10. L'attestation que la poursuite de la grossesse met en péril grave la santé de la femme doit être fournie par deux médecins, dont l'un doit être inscrit sur la liste d'experts près la Cour de cassation ou près d'une Cour d'appel. Le recours à une commission ad hoc, pluridisciplinaire, comprenant par exemple un gynécologue-obstétricien et un psychologue permettrait d'aider à la prise de décision médicale, tout en prenant mieux en compte la situation de la femme.

11. Dans un souci de prévention et pour élargir le recours aux méthodes contraceptives - y compris pour les hommes -, la stérilisation à but contraceptif devrait être reconnue par un texte législatif, en entourant cette pratique de toutes les précautions, nécessaires notamment à l'expression d'un consentement libre et éclairé de la personne.

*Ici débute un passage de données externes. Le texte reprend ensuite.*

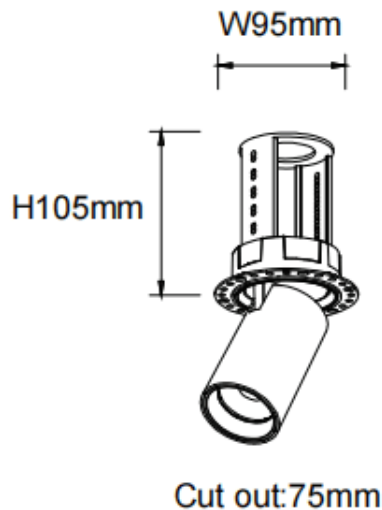

### PTT RT-Smart

Lavov downlight from the family PTT RT-Smart with a power of 18W and a beam angle of 15°. Finished in Black colour. Trimless version. With a total lumen output of 1800lm and a luminous efficacy of 100lm/W. Made in Die Cast Aluminum. Driver Dimmable Casamby ready. CCT 4000K.

### Dimensions

**Product dimensions (mm)** **Ø84xH105mm**

### Scheme

<b>Product</b>	
<b>Real power (W)</b>	<b>18</b>
<b>Real luminous flux (Lm)</b>	<b>1800</b>
<b>Luminous efficiency (Lm/W)</b>	<b>100</b>
<b>Beam angle (&amp;ordm;)</b>	<b>15</b>
<b>Life time (h)</b>	<b>50000 h L80B10</b>
<b>Colour</b>	<b>Black</b>
<b>Control gear included</b>	<b>Yes</b>
<b>Control gear</b>	<b>Dimmable Casamby ready</b>
<b>Flicker Free</b>	<b>Yes</b>
<b>Light source</b>	<b>LED</b>
<b>Type of LED</b>	<b>COB</b>
<b>Colour temperature (K)</b>	<b>4000</b>
<b>Colour consistency (SDCM)</b>	<b>SDCM&lt;3</b>
<b>CRI</b>	<b>90</b>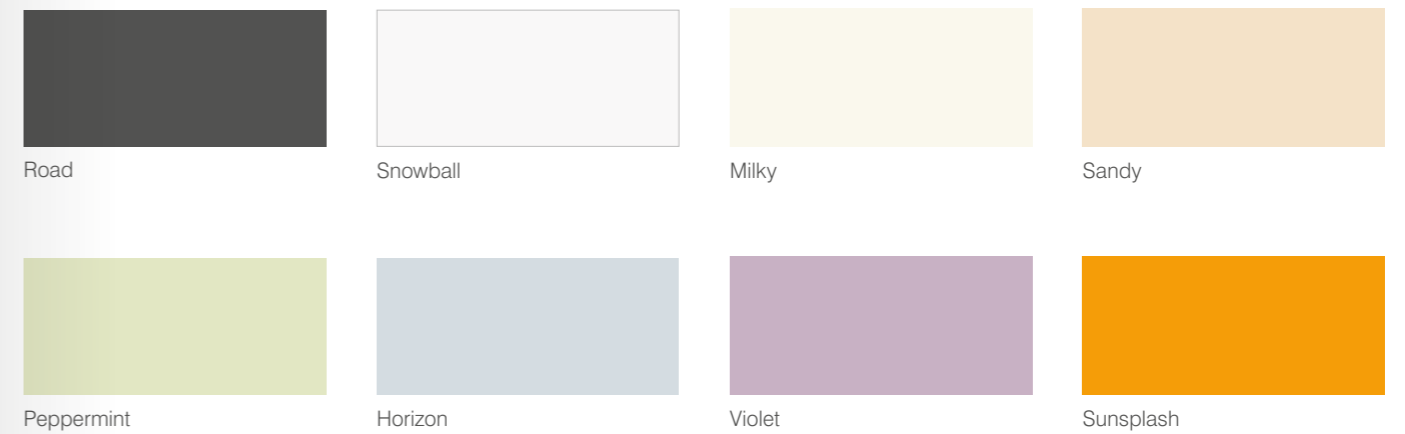

1. Plastics available in 8 different colours
2. Non-upholstered, upholstered seat and upholstered seat and back variants
3. Optional auto-return feature
4. Wide variety of base options
5. Felt glides

Good to know
Mork is a Plastic shell chair which has an optional seat pad. The chair offers seven distinct frames.

Please note: Features are model dependent, please refer to price list pages when specifying

Mork

Finish Options

- Plastic shell finishes available in Road, Snowball, Milky, Sandy, Peppermint, Horizon, Violet and Sunsplash.
- Button finishes available in Road, Snowball, Milky, Sandy, Peppermint, Horizon, Violet and Sunsplash.
- Frame available in Polished Chrome*
- Base finishes available in Polished Aluminium*
- Wood finishes available in Oak, Natural or Walnut*
- Mork can be upholstered in a broad range of contract upholstery fabrics and vinyls from The Senator Group standard upholstered collection

Shell Finishes

Button Finishes

Wood Frame Finishes

Metal Frame Finishes

Colour images above are for reference only. Please verify with actual colour sample.

Mork

standard & optional features/finishes

- Standard feature
- Not available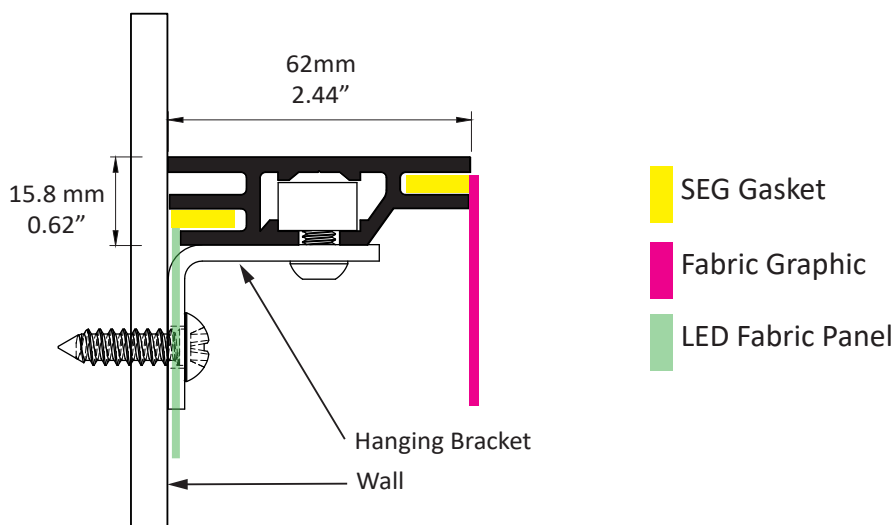

Cord location Exits through back of light box or through opening with grommet along frame edge.

Cord length 60" white cord with 2-prong plug head

Environment Dry location only

Warranty 2 yrs for manufacturer defects

Frame Design

Frame Depth 2.44"/62mm

Graphics SEG fabric. Accepts 12 x 2.8mm to 12 x 3mm gasket.

Material Extruded Aluminum

Finish Anodized aluminum. Powder coating available upon request.

Application Wall Mount, Single-Sided.

12. En matière pénale, le délit d'entrave à l'interruption légale de grossesse devrait trouver sa place dans le code pénal et pourrait être étendu, en plus des menaces ou actes d'intimidation, aux pressions morales exercées à l'encontre des personnels médicaux et non médicaux et des femmes venant subir une IVG.

13. Afin d'accueillir au mieux les femmes qui seront concernées par un allongement des délais, les efforts budgétaires entrepris dans le cadre du budget 2000 devront être poursuivis. Les femmes devront être reçues dans des unités fonctionnelles leur assurant les meilleures conditions techniques et de sécurité.